» **DATASET**
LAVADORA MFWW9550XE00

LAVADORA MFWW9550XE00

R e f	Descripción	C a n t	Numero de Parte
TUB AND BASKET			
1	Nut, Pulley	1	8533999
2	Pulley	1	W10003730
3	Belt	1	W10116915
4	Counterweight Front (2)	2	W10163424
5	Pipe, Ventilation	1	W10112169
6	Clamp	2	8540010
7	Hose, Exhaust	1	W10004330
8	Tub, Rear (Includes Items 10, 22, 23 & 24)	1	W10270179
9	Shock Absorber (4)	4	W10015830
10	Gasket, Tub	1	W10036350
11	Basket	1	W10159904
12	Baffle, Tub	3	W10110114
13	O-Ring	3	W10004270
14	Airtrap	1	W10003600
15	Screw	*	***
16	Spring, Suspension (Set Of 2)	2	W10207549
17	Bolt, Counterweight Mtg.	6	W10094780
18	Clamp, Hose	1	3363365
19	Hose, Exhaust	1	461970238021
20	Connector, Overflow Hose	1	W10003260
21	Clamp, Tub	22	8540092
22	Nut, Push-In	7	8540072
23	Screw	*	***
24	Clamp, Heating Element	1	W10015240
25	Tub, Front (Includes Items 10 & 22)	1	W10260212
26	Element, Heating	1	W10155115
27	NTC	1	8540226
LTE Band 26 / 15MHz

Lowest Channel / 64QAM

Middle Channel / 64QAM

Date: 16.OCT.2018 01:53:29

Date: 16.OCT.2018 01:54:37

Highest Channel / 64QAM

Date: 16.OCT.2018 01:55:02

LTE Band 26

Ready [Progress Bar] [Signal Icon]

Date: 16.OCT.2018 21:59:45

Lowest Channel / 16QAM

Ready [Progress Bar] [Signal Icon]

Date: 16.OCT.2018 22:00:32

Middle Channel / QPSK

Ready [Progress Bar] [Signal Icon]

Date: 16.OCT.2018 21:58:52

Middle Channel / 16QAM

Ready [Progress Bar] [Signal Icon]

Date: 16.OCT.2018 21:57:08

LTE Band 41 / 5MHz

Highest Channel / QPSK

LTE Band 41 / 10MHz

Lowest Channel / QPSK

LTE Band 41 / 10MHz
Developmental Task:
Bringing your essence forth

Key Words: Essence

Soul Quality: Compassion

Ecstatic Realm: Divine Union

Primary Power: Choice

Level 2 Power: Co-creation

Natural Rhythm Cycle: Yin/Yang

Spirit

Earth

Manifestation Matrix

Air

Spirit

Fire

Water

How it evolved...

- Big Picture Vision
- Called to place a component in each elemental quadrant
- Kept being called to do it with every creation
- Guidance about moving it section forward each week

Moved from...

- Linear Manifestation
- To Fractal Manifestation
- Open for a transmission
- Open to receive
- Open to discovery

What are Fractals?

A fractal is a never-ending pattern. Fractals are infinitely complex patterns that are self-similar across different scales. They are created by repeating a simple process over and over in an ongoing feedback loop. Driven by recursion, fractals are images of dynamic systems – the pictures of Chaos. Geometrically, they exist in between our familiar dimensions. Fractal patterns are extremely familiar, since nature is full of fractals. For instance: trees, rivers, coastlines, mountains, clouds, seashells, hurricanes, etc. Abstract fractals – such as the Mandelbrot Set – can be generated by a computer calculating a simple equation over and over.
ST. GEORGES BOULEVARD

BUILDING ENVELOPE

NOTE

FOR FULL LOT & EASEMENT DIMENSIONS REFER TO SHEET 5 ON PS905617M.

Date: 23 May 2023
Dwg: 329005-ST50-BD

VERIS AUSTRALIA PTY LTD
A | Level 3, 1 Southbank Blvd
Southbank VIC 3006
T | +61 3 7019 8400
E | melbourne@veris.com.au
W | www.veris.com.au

» **EXERCISE BRIEF**
When a line in the records holds the string "Pulley", copy that line.

» **RESPONSE**
1	Nut, Pulley	1	8533999
2	Pulley	1	W10003730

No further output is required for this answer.